Jussie Smollett's Attorneys Deny Actor Paid $3,500 To Orchestrate Attack

Sources close to the Jussie Smollett investigation have spoken with several media outlets and allege new evidence shows the Empire actor may have orchestrated the attack, and even paid men $3,500 to go through with it.

The two men who are brothers were arrested Wednesday and released Friday (Feb. 15) without charges. Both men are cooperating fully with Chicago police, and authorities found records they purchased a rope at a local hardware store, which was used during the attack.

Smollett's attorneys, Todd S. Pugh, and Victor P. Henderson, quickly denied the claim made by authorities.

"As a victim of a hate crime who has cooperated with the police investigation, Jussie Smollett is angered and devastated by recent reports that the perpetrators are individuals he is familiar with," the statement read. "He has now been further victimized by claims attributed to these alleged perpetrators that Jussie played a role in his own attack. Nothing is further from the truth and anyone claiming otherwise is lying."
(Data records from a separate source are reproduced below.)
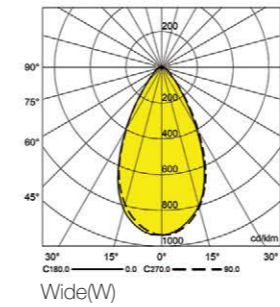

Eyden L

Light distributions
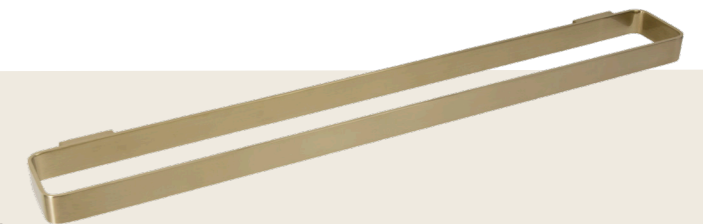

FW7912BG
Towel rail 600mm, brushed gold
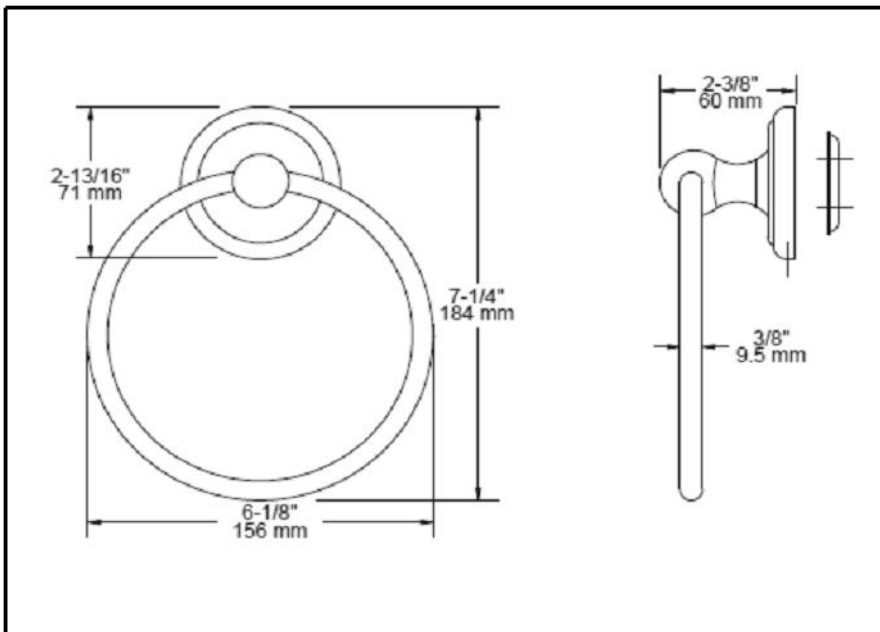

## ACCESSORIES

- Jamestown™ Bath collection
- Towel Ring

Submitted Model No.: \_\_\_\_\_

Specific Features: \_\_\_\_\_

### STANDARD SPECIFICATIONS:

- Wood blocking is preferable behind all wall surfaces. If wood blocking is not available, the following fasteners are suggested: Tile/Masonry-Plastic or lead Anchors Plaster/drywall-Toggle bolts.
- Mounting hardware and mounting template included with product.
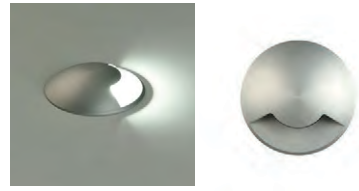

Recessed	FINISH	LAMP	ON/OFF
1 Direction	■	1xGU10 LED	E2065080IN
2 Directions	■	1xGU10 LED	E2066080IN

FINISH | ■ ALUMINIUM | ALUMINIO

⊕ IP67 IK08 □ ✖ ⚡ ⚙️ Ø80x121

ALUMINIUM ADC12 - TEMPERED GLASS | ALUMINIO ADC12 - CRISTAL TEMPLADO
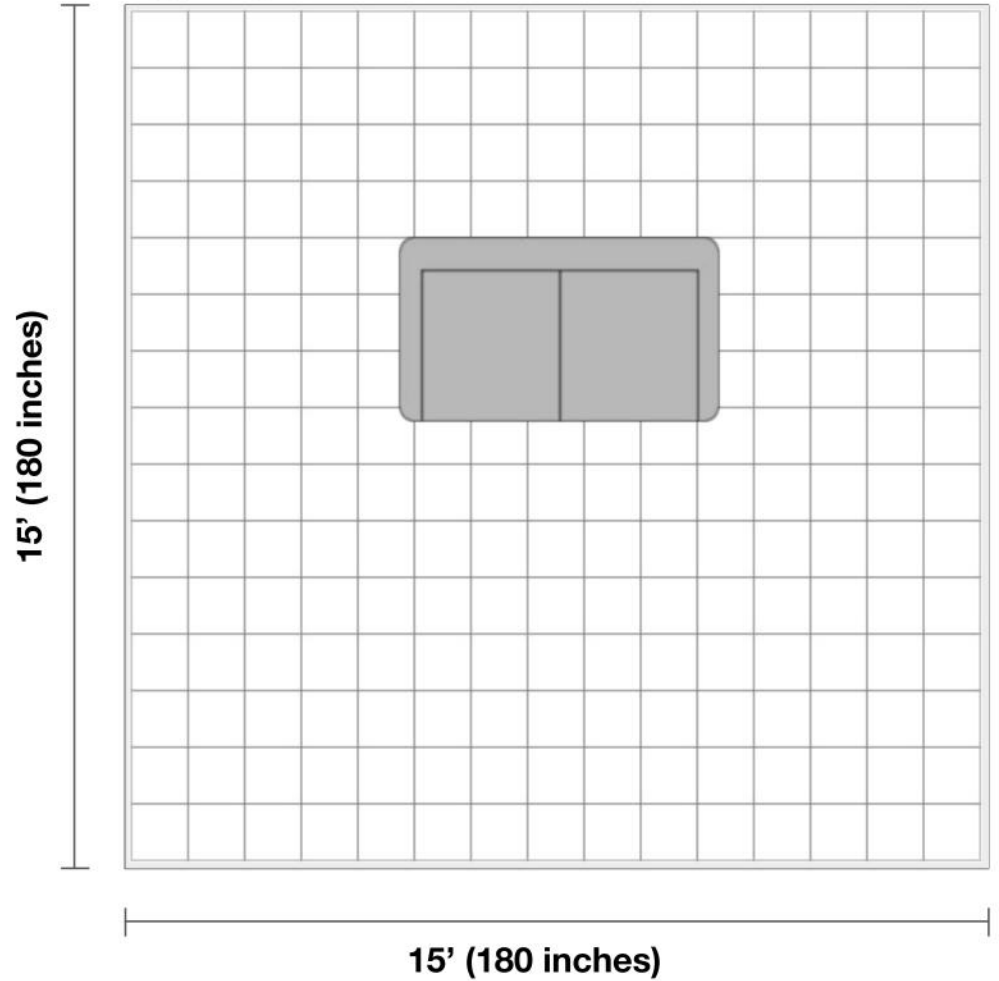

## General Dimensions:

68.1"W x 39.4" D x 34.6" H

Seat Depth: 24"

Seat Width: 23.5"

Arm Height: 24"

## Additional Dimensions:

Seat Height: 20"

Leg Height: 2"

Total Seat Width: 47"

## Room Plan:

Entry width required for delivery: 32.6

## Living Room Size

Living rooms vary in shapes and sizes. The layout is scaled to 15' x 15' for visual purposes.

On Jan. 29, Smollett was leaving a Subway fast-food restaurant when the actor alleges to have been attacked by two men who beat him, poured bleach on him and tried to hang a rope around his neck. The 35-year-old entertainer, who identifies as gay, said one of the men shouted "This is MAGA country" as well as other racial and homophobic slurs.

Chicago Police spokesman Anthony Guglielmi said one of the men appeared on Empire and have past affiliation with Smollett.

During his interview with Robin Roberts on Good Morning America Thursday (Feb. 14), Smollett expressed frustration about not being believed. Sunday morning (Feb. 17) the hashtag 'JussieSmollettHoax' trended on Twitter. The Internet was split with many offering a digital "I told you so" due to the reports, while others, particularly members of the black LGBTQ community, questioning why many were quick to believe the word of law enforcement.

Us straight men waiting on the LGBT community to apologize after Jussie lied pic.twitter.com/0PDmNX4ykZ

— Flickens McCray (@Mickens__) February 17, 2019

https://twitter.com/angryblkhoemo/status/1096967004517515266

No idea what actually happened w/ Jussie Smollett. But do know that 4 years ago, Chicago PD spent 13 months justifying Laquan McDonald’s murder before releasing dashcam video showing he was walking away before being shot at 16x by an officer. Why are we just accepting their word?